Pretty and opinionated topic model visualization in Python.

These details have not been verified by PyPI

View statistics for this project via Libraries.io, or by using our public dataset on Google BigQuery

Project description

topicwizard

Pretty and opinionated topic model visualization in Python.

https://user-images.githubusercontent.com/13087737/234209888-0d20ede9-2ea1-4d6e-b69b-71b863287cc9.mp4

New in version 0.5.0 🌟

Enhanced readibility and legibility of graphs.
Added helper tooltips to help you understand and interpret the graphs.
Improved stability.
Negative topic distributions are now supported in documents.

Features

Investigate complex relations between topics, words, documents and groups/genres/labels
Easy to use pipelines that can be utilized for downstream tasks
Sklearn, Gensim and BERTopic compatible :nut_and_bolt:
Highly interactive web app
Interactive and composable Plotly figures
Automatically infer topic names, oooor...
Name topics manually
Easy deployment :earth_africa:

Installation

Install from PyPI:

pip install topic-wizard

Pipelines

The main abstraction of topicwizard around a topic model is a topic pipeline, which consists of a vectorizer, that turns texts into bag-of-tokens representations and a topic model which decomposes these representations into vectors of topic importance. topicwizard allows you to use both scikit-learn pipelines or its own TopicPipeline.

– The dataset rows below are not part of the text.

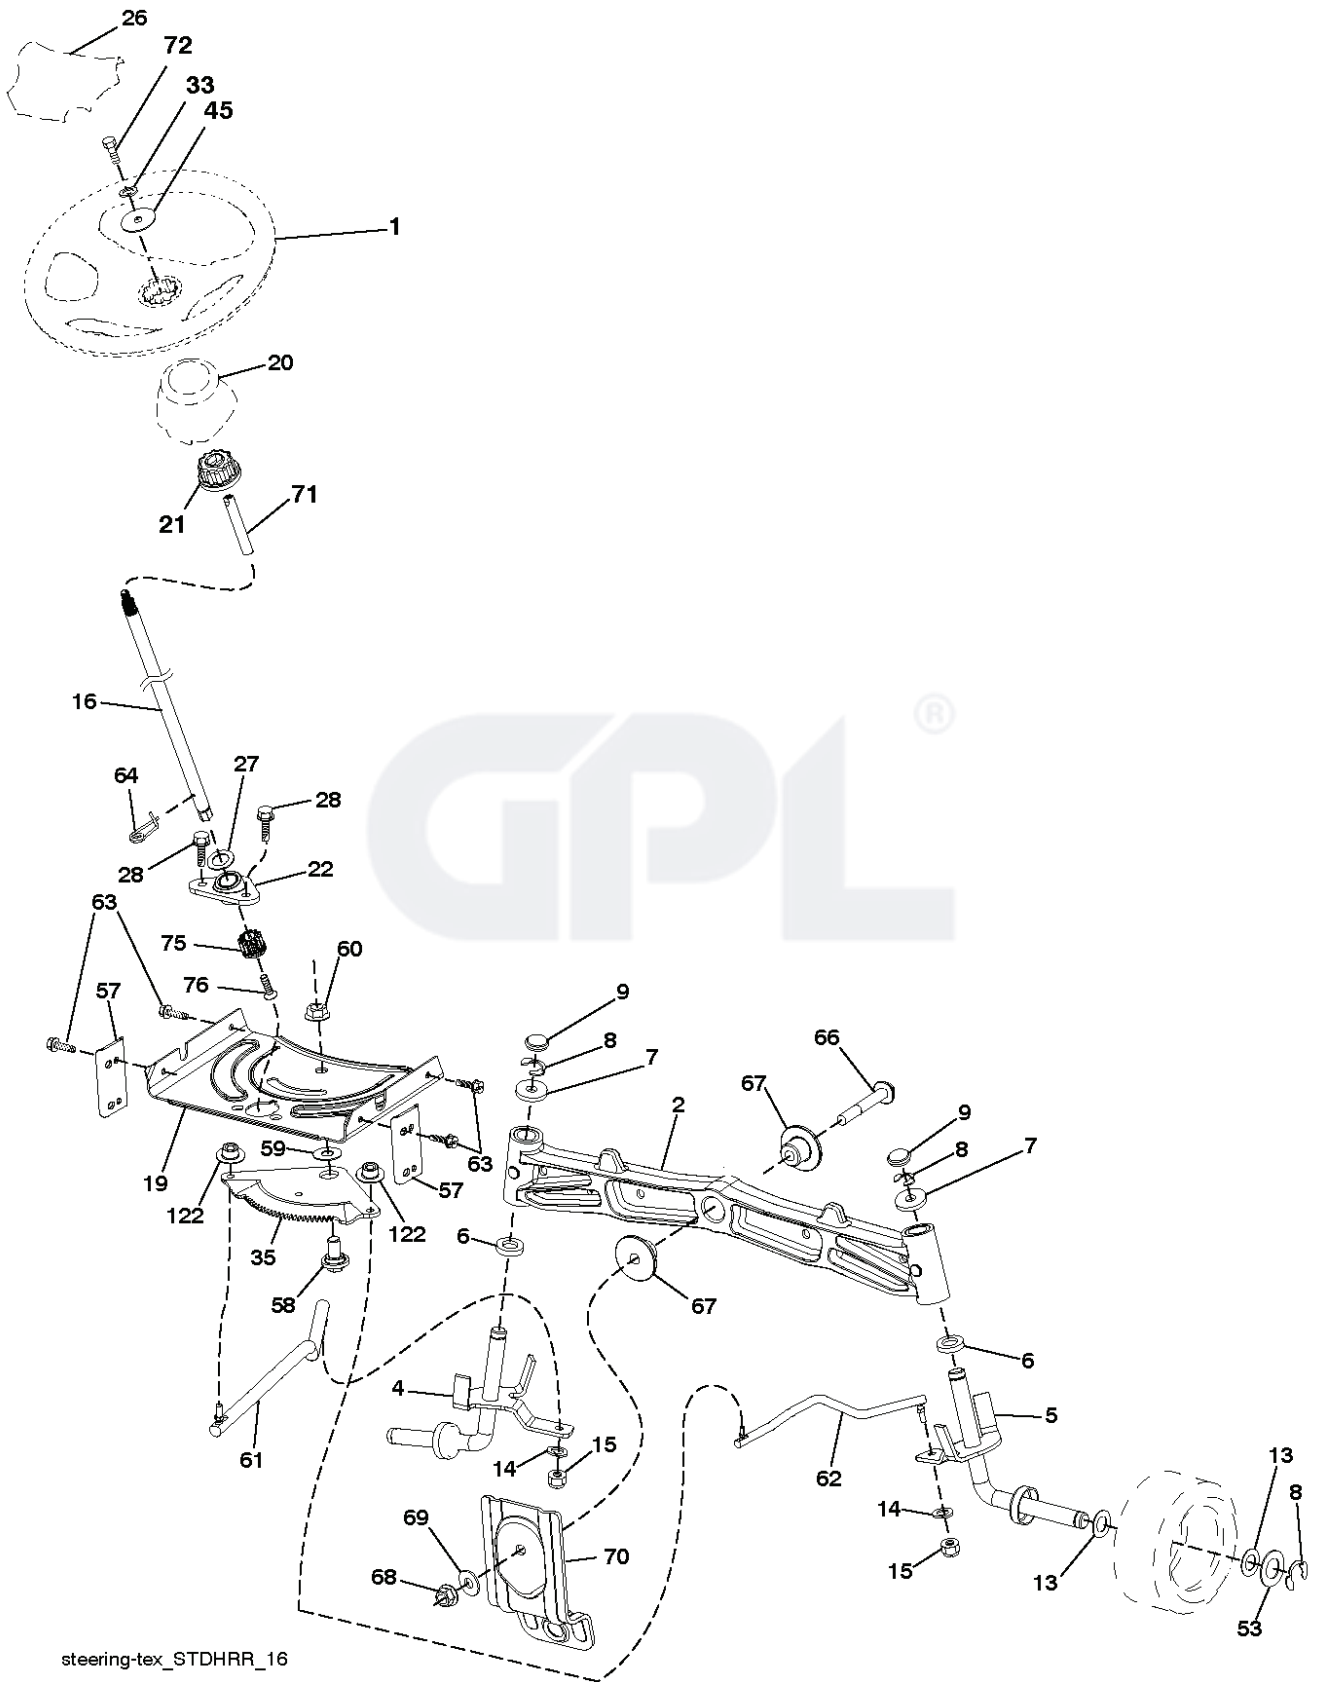

steering-tex_STDHRR_16

REF.	PART NO.	DESCRIPTION	REMARK	QTY.	KIT
1	532424551	STEERING WHEEL		1	
2	532195968	SHAFT		1	
4	532403087	SPINDLE		1	
5	532403088	SPINDLE		1	
6	532124931	WASHER		1	
7	532121748	WASHER		1	
8	812000029	RETAINER RING		1	
9	532121232	HUB CAP		1	
13	532121749	WASHER		1	
14	810040600	WASHER		1	
15	873540600	NUT		1	
16	585869202	SHAFT		1	
19	532194729	PLATE		1	
20	532411291	STEERING COLUMN		1	
21	532186737	ADAPTER		1	
22	585029802	BEARING		1	
26	532441506	HUB CAP		1	
27	819211616	WASHER		1	
28	817000612	SCREW		1	
33	810040500	WASHER		1	
35	532194732	PLATE		1	
45	819113812	WASHER		1	
53	532188967	WASHER		1	
57	532407465	BRACKET		1	
58	532194747	BOLT		1	
59	532194748	WASHER		1	
60	873971000	NUT		1	
61	532194740	LINK		1	
62	532194741	LINK		1	
63	817000512	SCREW		1	
64	532199849	SPRING RETAINER		1	
66	871020748	BOLT		1	
67	532194737	BUSHING		1	
68	873900700	NUT		1	
69	532199162	WASHER		1	
70	532196197	BRACKET		1	
71	532190752	SHAFT		1	
72	532428982	BOLT		1	
75	580683701	PINION		1	
76	580683601	SCREW		1	
122	532444962	CAP		1

Let's build a pipeline. We will use scikit-learns CountVectorizer as our vectorizer component:

from sklearn.feature_extraction.text import CountVectorizer

vectorizer = CountVectorizer(min_df=5, max_df=0.8, stop_words="english")

The topic model I will use for this example is Non-negative Matrix Factorization as it is fast and usually finds good topics.

from sklearn.decomposition import NMF

model = NMF(n_components=10)

Then let's put this all together in a pipeline. You can either use sklearn Pipelines...

from sklearn.pipeline import make_pipeline

topic_pipeline = make_pipeline(vectorizer, model)

Or TopicPipeline from topicwizard:

from topicwizard.pipeline import make_topic_pipeline

topic_pipeline = make_topic_pipeline(vectorizer, model, norm_rows=False)

Let's load a corpus that we would like to analyze, in this example I will use 20newsgroups from sklearn.

from sklearn.datasets import fetch_20newsgroups

newsgroups = fetch_20newsgroups(subset="all")
corpus = newsgroups.data

# Sklearn gives the labels back as integers, we have to map them back to
# the actual textual label.
group_labels = [newsgroups.target_names[label] for label in newsgroups.target]

Then let's fit our pipeline to this data:

topic_pipeline.fit(corpus)

The advantages of using a TopicPipeline over a regular pipeline are numerous:

Output dimensions (topics) are named
You can set the output to be a pandas dataframe (topic_pipeline.set_output(transform="pandas")) with topics as columns.
You can treat topic importances as pseudoprobability-distributions (topic_pipeline.norm_row = True)
You can freeze components so that the pipeline will stay frozen when fitting downstream components (topic_pipeline.freeze = True)

Here's an example of how you can easily display a heatmap over topics in a document using TopicPipelines.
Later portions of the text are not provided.